A full-custom design will always have the opportunity to be “better” than one that uses standard components. In this context, “better” means that the resulting model will be more finely detailed.
However, a model assembled from a library of components can be designed much more quickly, with far less skill. So it is my opinion that a CAD library is a good idea if one wishes to crank out “layout quality” designs, but full-custom design is necessary for “contest quality”.
Regards,
-Jeff Aley
From: STMFC@... [mailto:STMFC@...]
Sent: Saturday, August 16, 2014 7:12 PM To: STMFC@... Subject: [STMFC] Re: CAD library
Some notes from the real world…
A good designer has to be familiar with the capabilities of the manufacturing process he’s designing for. By their nature, stereolithography underbuilds features slightly, and MJM machines overbuild by a similar amount.
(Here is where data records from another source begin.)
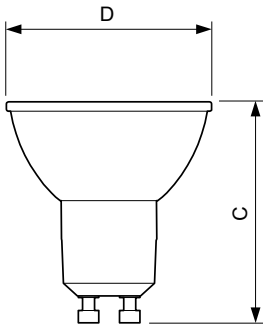

Classic LEDspotMV

Versions

GU10 PAR 2 inch

GU10 PAR 2 inch

GU10 PAR16

Dimensional drawing

Product	D	C
LEDClassic 35W GU10 2700K 220V 36D D	50.5 mm	54.5 mm
LEDClassic 35W GU10 2700K 127V 36D D	50.5 mm	54.5 mm
Essential LED 4.6-50W GU10 827 36D	50 mm	54 mm
Essential LED 4.6-50W GU10 830 36D	50 mm	54 mm

Not a factor unless you’re designing things like ¾” dia rivet heads in HO. For SLA designs I increase the head diameter by 1/8”; for MJM designs I decrease it by the same amount. It may seem like no big deal, 1/8” in HO is just under 0.0015”. But if I use the same design file to print an uncompensated ¾” rivet head in each process, the difference in the printed rivets (5/8” SLA vs. 7/8” MJM) is 40% and is very noticeable. Prototype rivet heads are not full hemispheres, but to get all the rivets to print properly and be visible through a couple of coats of paint, I make them full hemispheric domes and put each on a 1/8” riser. If a car uses several different sizes of rivets, and you want to represent the visual differences, it may be necessary to design the smallest ones so they print reliably, even if that makes them larger that they should be, and increase the other sizes accordingly. In HO I know if I want to represent a series of surfaces that are offset from one another, like a window frame, or a rivet batten on a car side, the layers must be separated by at least 3/8” for the layering to be noticeable. In other words, it helps if you can apply the precision touch of an engineering designer with the eye of an artist.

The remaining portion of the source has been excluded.